*** Records for this task ***
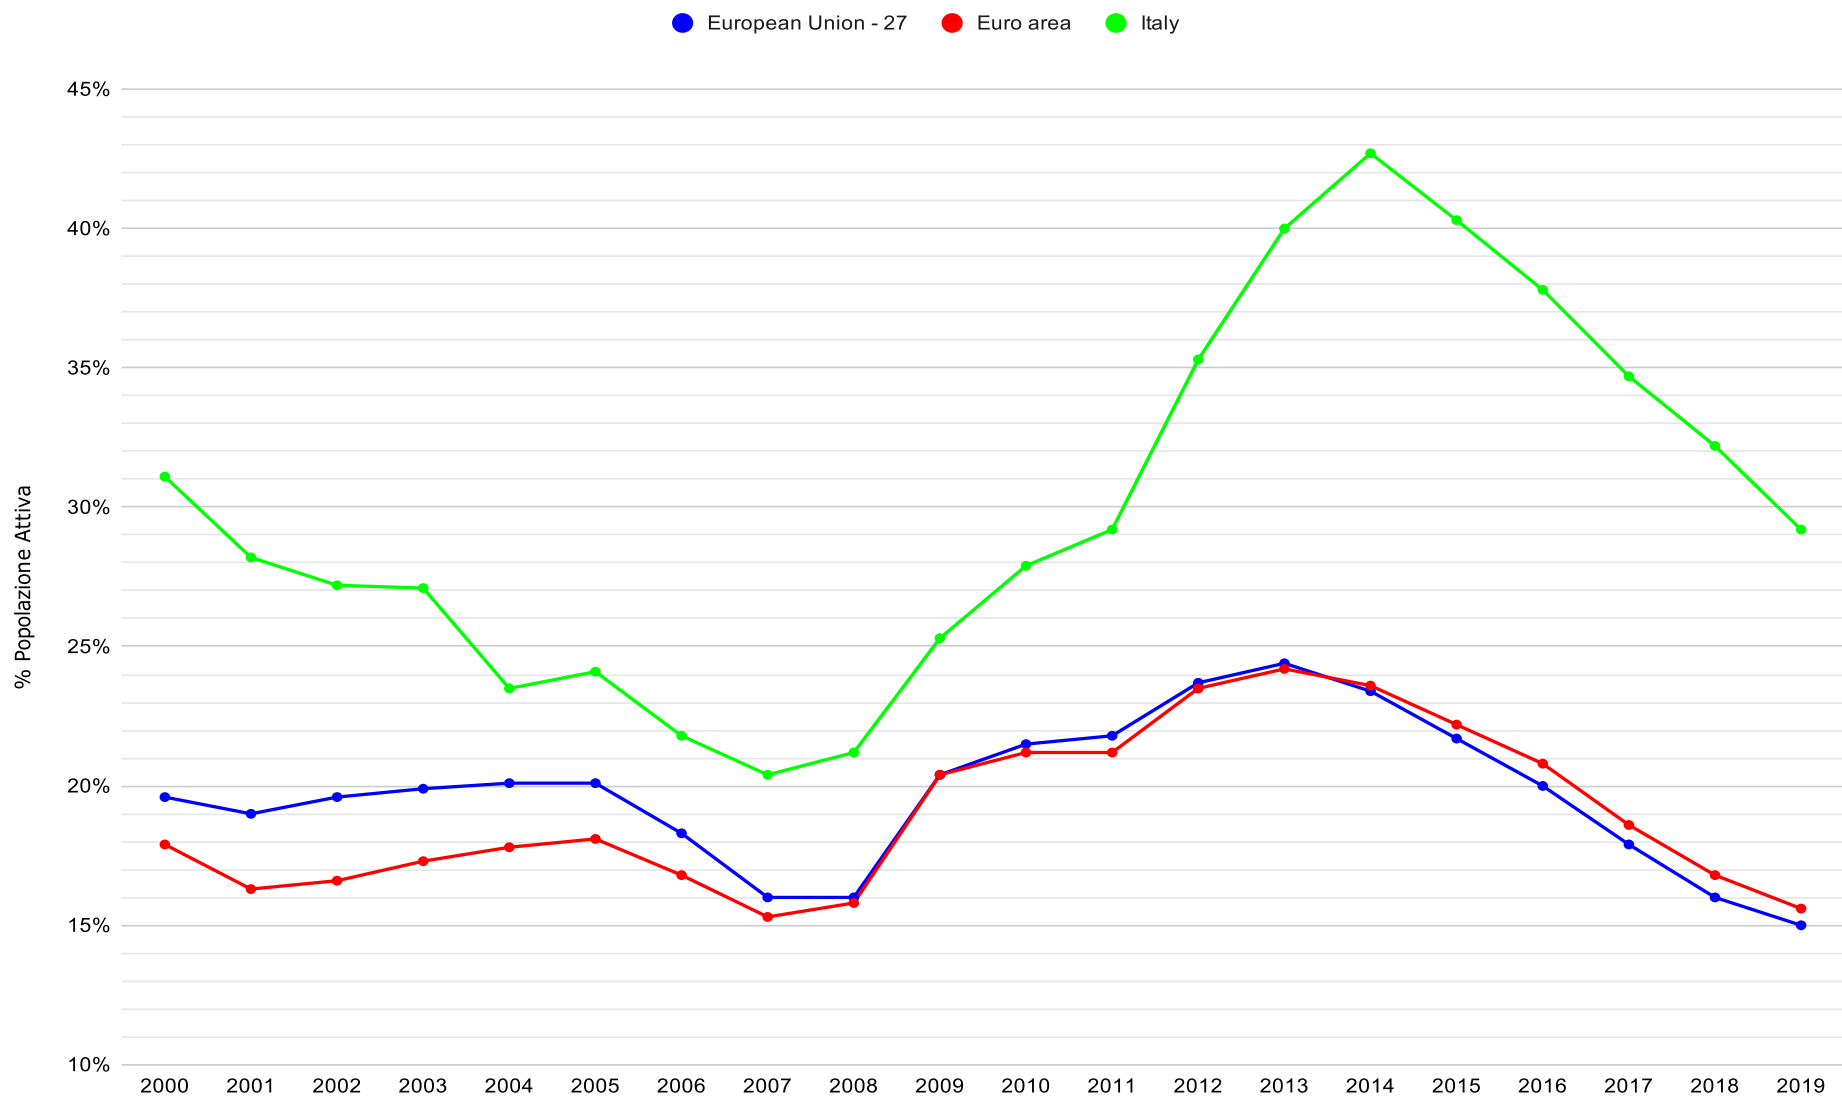

Tasso di Disoccupazione Italia, 15-74. 2000-2019.

Tasso di Disoccupazione Italia, 15-24. 2000-2019.

Tasso di Disoccupazione Italia, Popolazione Totale. PRE/POST Covid-19.

Tasso di Disoccupazione Italia, Popolazione Totale. PRE/POST Covid-19.

# Tasso di Disoccupazione Italia, < 25 anni. PRE/POST Covid-19.

Tasso di Disoccupazione Italia, < 25 anni. PRE/POST Covid-19.

Tasso di Disoccupazione Italia, Popolazione Totale per Genere. PRE/POST Covid-19.
*** End of Records for this task ***
Exercise instructions:
Reproduce the records exactly, images excluded.

Output for this exercise:
Tasso di Disoccupazione Italia, 15-74. 2000-2019.

Tasso di Disoccupazione Italia, 15-24. 2000-2019.

Tasso di Disoccupazione Italia, Popolazione Totale. PRE/POST Covid-19.

Tasso di Disoccupazione Italia, Popolazione Totale. PRE/POST Covid-19.

# Tasso di Disoccupazione Italia, < 25 anni. PRE/POST Covid-19.

Tasso di Disoccupazione Italia, < 25 anni. PRE/POST Covid-19.

Tasso di Disoccupazione Italia, Popolazione Totale per Genere. PRE/POST Covid-19.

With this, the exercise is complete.